**Description of the task**.
Once you reach the line containing "Designers Fountain 2025." in the data below, restate each line word for word up to and including the one containing "800-228-6197".

**Data for this task**.
= = = =

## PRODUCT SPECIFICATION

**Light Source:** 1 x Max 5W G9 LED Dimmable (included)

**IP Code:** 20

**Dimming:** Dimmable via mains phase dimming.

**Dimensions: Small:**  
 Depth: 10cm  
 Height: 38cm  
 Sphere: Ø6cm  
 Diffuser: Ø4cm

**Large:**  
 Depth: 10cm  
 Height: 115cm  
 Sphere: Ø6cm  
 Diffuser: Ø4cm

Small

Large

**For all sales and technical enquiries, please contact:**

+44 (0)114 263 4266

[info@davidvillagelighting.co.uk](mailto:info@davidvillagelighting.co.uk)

= = = =

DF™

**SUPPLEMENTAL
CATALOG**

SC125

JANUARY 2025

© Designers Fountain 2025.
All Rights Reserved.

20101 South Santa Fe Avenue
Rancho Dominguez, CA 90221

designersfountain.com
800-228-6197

= = = =

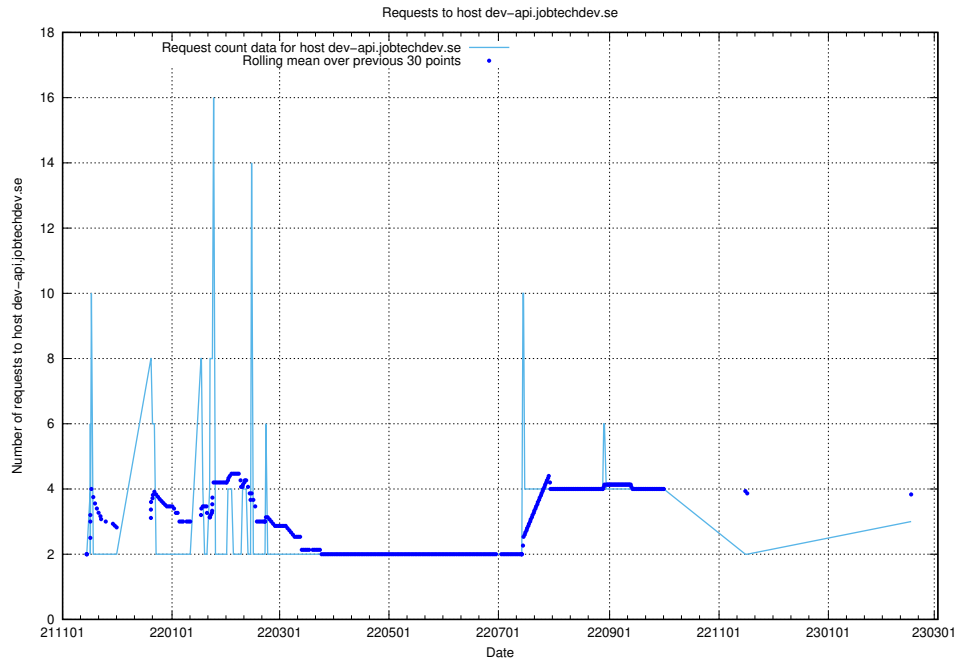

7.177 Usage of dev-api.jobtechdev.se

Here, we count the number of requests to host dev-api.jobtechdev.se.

= = = =

**Exercise output**.
© Designers Fountain 2025.
All Rights Reserved.

20101 South Santa Fe Avenue
Rancho Dominguez, CA 90221

designersfountain.com
800-228-6197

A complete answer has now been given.